Leipzig. Bei Paaren mit einer Veranlagung zu schweren Erbschäden dürfen Ärzte künftig im Reagenzglas befruchtete Eizellen auf Genschäden untersuchen und nur die gesunden Zellen für eine künstliche Befruchtung auswählen. Embryonen mit Gendefekt dürfen straflos verworfen werden, entschied der Bundesgerichtshof (BGH) gestern (AZ: 5 StR 386/09).

Der 5. Senat des BGH in Leipzig erlaubte die sogenannte Präimplantationsdiagnostik (PID) allerdings nur bei den betroffenen Risikogruppen, weil durch diese Methode die Zahl der Abtreibungen schwerstbehinderter Kinder vermindert wird. Ansonsten könnten sich Frauen für eine legale Abtreibung entscheiden, wenn während ihrer Schwangerschaft eine Behinderung des Embryos festgestellt wird.

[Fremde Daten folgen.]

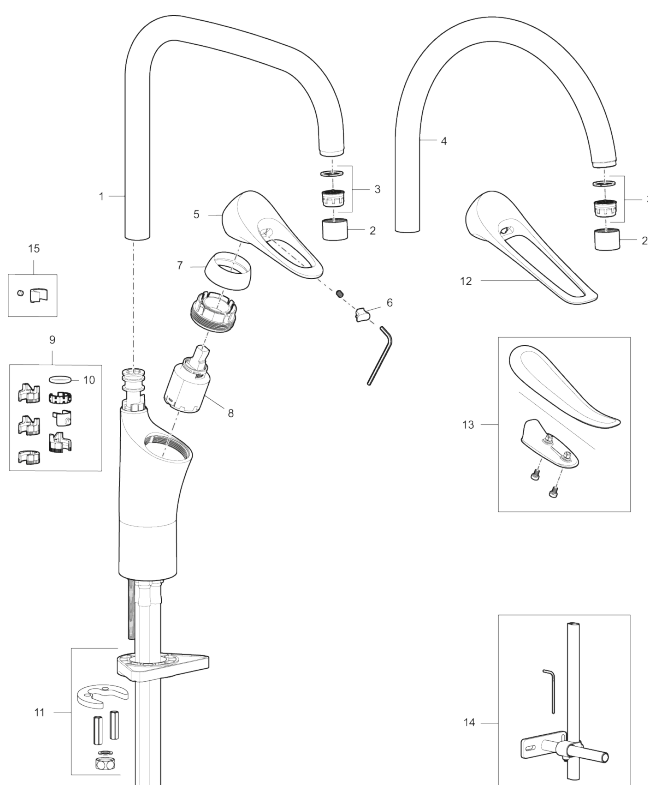

PRODUKTBESKRIVNING

9000XE köksblandare

9000XE Köksblandare med C-pip i krom platsar i vilket kök som helst, oavsett storlek. Köksblandaren är blyfri och har våra smarta, innovativa och energibesparande funktioner såsom kallstart, mjukstängning, temperaturspär samt energi- och vattenbesparande strålsamlare. Den tidlösa och ändamålsenliga designen gör den till ett lika funktionellt som estetiskt hållbart inslag i det moderna hemmet. Produkten är LEED/BREEAM-anpassad vilket innebär att den uppfyller flödeskraven som ställs på vissa ny- och ombyggnationer.

Art.nr: 86007410

RSK: 8312008

Reservdelstlista

NR.	ART.NR	RSK	BESKRIVNING
1	S600103	8387035	Utloppspip, U-modell, krom
1	S600103.75	8387037	Utloppspip, U-modell, borstad krom
2	S600155	8280012	Hylsa M22 inv., krom
2	S600155.75	8280013	Hylsa M22 inv., borstad krom
3	29102910	8281534	Strålsamlarinsats, 5,5–6,5 l/min vid 3 bar
3	29100500	8281532	Strålsamlarinsats, 5 l/min vid 2–6 bar
3	S600072	8281671	Strålsamlarinsats, 3 l/min vid 2–6 bar
4	S600102	8387032	Utloppspip, C-modell, krom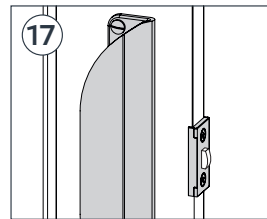

MONTERINGSVEJLEDNING

VICTORIA FOLDEDØR

Monteringsvejledningen findes også i pakken.

Kit Serratura
Lock

Kit Accessori
Kit Accessories

Scorrimento da 90 cm
90 cm length slideway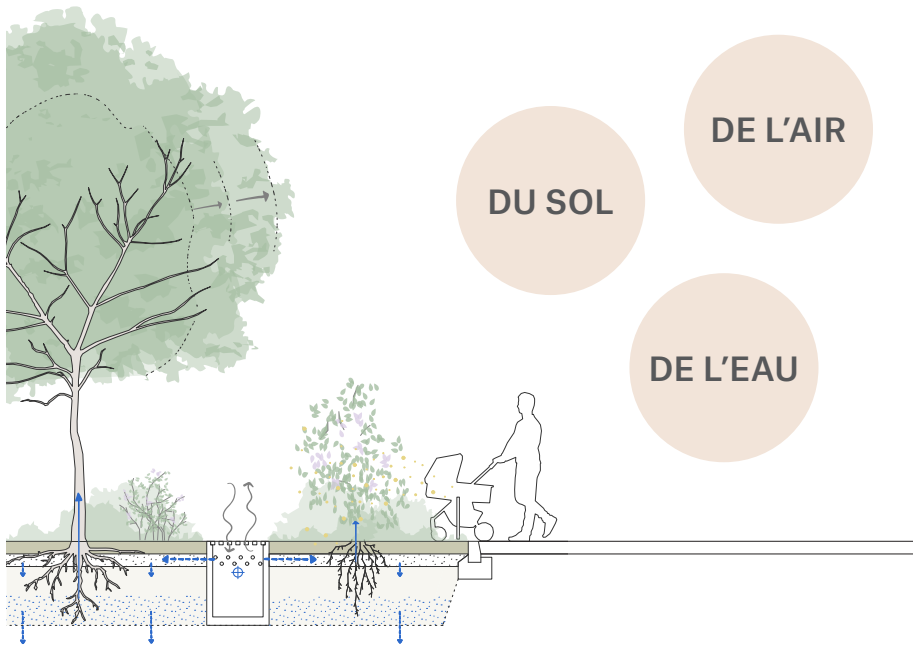

ARBO

LA SOLUTION POUR ARBORISER
RAPIDEMENT LES RUES ET PLACES
DE VOTRE COMMUNE !

- **rafraîchit** votre rue votre ville
- améliore votre **cadre de vie**
- offre les conditions optimum pour l'**arbre**

ARBO C'EST AVANT TOUT, BIEN PLANTER !

Grâce à une technicité sur mesure nous proposons de planter des arbres facilement et rapidement dans un contexte complexe. Nous assurons la présence d'eau, de sol et d'air dans la fosse de plantations pour offrir des qualités édaphiques et hydriques idéales pour l'arbre.

un seul intermédiaire pour **votre commune**

un arbre de **4 m** de haut, une circonférence de 20/25 cm

une finition de surface en **prairie** ou un **gravier gazon**

une fosse de plantation de **20 m³**

- un arbre totem
- un marquage
- une boîte à idée

réceptionner c'est l'occasion de :

- fêter et se rencontrer
- expliquer la démarche
- restituer autour des suggestions récoltées

Cette démarche prépare le voisinage et facilite l'acceptation du projet. La réception après plantation c'est l'occasion de sensibiliser sur les bienfaits de la démarche, fêter l'arrivée de l'arbre mais surtout de fédérer.

Ein darüber hinausgehender Einsatz der PID bleibt damit strafbar: Etwa der Auswahl von Embryonen, für die Geburt einer "Wunschtochter" oder eines "Wunschsohnes", ist mit dem Urteil "nicht der Weg geöffnet", betonte das Gericht. Im aktuellen Fall hatte sich ein Berliner Arzt selbst angezeigt, der die PID bei drei Risikopaaren mit Kinderwunsch angewandt hatte. Eine der Frauen wurde schwanger und brachte später ein gesundes Kind zur Welt.

Nach Ansicht der Berliner Staatsanwaltschaft hatte der Arzt mit der Selektion der Eizellen gegen das 1990 erlassene Embryonenschutzgesetz verstoßen, da nach deutschem Recht ein befruchtetes Ei bereits vom ersten Moment an als schützenswertes menschliches Leben gilt.

Der BGH sieht in der Anwendung der erst später entwickelten PID jedoch keinen Verstoß gegen den Sinn des Gesetzes. Es erlaube für eine künstliche Befruchtung auch die Auswahl von Spermien, um das Risiko bestimmter Erbkrankheiten bei Kindern zu vermindern, argumentierten die Richter.

Das Urteil hat bei Kirchenvertretern heftige Kritik hervorgerufen. Der Mainzer Moraltheologe Johannes Reiter sagte, die PID sei mit der Menschenwürde und dem Lebensrecht des Embryos nicht zu vereinbaren.